Stored dataset items
______
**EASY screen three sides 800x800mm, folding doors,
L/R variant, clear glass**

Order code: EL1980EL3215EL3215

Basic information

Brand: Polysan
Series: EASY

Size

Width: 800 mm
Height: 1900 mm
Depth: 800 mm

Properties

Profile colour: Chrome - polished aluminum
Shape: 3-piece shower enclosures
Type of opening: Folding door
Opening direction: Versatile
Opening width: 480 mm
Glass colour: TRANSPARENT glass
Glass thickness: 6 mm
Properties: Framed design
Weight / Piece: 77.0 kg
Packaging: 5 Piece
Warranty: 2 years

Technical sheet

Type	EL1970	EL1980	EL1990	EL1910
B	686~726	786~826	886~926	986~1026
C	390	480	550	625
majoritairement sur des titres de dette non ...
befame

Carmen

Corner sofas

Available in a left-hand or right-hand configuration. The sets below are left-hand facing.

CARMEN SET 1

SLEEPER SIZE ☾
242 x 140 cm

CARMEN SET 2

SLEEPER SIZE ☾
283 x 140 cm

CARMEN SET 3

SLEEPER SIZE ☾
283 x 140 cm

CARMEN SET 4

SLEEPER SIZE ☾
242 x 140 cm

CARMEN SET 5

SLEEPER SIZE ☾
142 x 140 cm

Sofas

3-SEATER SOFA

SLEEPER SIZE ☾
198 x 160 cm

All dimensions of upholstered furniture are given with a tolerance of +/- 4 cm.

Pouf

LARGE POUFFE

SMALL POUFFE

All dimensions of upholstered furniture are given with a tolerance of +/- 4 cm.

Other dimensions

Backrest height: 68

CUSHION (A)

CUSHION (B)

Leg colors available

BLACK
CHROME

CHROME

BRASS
______
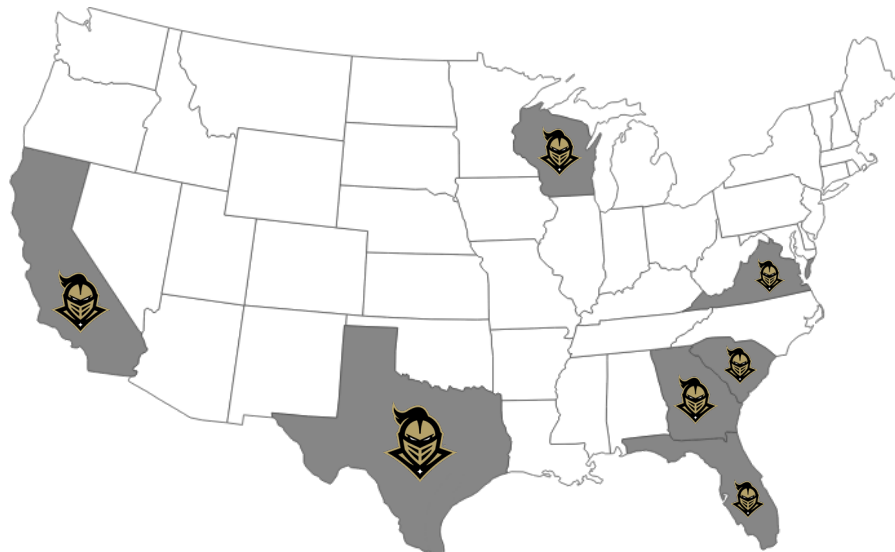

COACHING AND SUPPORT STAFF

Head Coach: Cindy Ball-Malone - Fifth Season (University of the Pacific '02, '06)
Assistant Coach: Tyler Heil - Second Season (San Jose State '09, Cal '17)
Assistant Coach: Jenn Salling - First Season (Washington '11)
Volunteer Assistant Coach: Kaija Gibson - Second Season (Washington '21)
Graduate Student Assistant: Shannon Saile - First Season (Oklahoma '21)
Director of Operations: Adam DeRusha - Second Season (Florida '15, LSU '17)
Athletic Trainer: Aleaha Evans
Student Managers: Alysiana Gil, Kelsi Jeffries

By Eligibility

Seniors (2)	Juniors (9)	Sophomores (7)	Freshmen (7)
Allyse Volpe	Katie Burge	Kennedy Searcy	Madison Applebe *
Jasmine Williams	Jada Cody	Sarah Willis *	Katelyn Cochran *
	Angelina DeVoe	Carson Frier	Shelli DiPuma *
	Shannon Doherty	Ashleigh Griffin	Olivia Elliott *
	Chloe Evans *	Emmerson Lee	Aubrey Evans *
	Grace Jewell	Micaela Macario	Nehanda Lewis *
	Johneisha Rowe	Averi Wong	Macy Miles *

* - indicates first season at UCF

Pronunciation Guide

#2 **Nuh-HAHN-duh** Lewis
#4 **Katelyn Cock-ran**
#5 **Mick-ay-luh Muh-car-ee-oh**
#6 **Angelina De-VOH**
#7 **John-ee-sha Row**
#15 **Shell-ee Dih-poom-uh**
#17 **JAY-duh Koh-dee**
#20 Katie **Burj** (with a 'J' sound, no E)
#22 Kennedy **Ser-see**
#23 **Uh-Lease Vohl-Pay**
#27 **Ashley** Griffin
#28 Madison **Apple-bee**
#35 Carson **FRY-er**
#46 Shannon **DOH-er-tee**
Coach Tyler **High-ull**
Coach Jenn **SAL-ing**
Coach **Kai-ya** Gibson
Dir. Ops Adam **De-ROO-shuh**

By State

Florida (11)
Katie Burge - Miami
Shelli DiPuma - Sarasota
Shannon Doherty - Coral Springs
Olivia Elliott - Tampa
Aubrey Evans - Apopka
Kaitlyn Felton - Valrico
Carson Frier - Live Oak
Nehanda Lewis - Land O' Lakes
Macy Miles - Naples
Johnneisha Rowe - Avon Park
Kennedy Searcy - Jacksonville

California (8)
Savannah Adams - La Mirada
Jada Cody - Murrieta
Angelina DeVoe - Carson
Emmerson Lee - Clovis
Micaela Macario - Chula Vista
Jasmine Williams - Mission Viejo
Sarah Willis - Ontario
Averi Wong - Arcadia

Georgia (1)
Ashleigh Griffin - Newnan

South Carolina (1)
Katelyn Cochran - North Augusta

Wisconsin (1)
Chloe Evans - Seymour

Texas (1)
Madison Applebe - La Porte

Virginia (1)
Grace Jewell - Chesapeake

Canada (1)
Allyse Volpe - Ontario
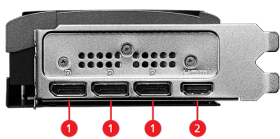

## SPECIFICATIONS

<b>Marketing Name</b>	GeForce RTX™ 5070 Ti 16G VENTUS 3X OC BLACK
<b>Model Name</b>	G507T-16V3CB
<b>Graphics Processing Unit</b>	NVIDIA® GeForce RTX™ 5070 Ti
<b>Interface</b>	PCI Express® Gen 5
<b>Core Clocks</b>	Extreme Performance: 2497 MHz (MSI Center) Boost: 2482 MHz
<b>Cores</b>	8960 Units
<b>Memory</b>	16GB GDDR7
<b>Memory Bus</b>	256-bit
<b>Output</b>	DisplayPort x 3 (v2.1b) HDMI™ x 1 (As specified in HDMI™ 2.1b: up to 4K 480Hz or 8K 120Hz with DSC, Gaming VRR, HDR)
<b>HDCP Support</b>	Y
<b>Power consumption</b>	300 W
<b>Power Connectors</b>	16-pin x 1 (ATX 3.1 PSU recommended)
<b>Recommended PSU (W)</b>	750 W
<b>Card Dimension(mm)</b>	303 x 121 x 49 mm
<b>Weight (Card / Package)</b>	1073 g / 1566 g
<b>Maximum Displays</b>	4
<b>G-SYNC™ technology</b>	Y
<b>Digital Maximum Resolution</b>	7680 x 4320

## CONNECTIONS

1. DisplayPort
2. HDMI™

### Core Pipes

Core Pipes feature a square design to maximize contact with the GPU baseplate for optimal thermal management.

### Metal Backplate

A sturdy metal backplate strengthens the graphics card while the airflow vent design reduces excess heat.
______
■ **WORK TO COMPLETE**
Among the entries above, find every line holding "Weight" and copy it.

■ **TASK RESULT**
Weight / Piece: 77.0 kg
<b>Weight (Card / Package)</b>	1073 g / 1566 g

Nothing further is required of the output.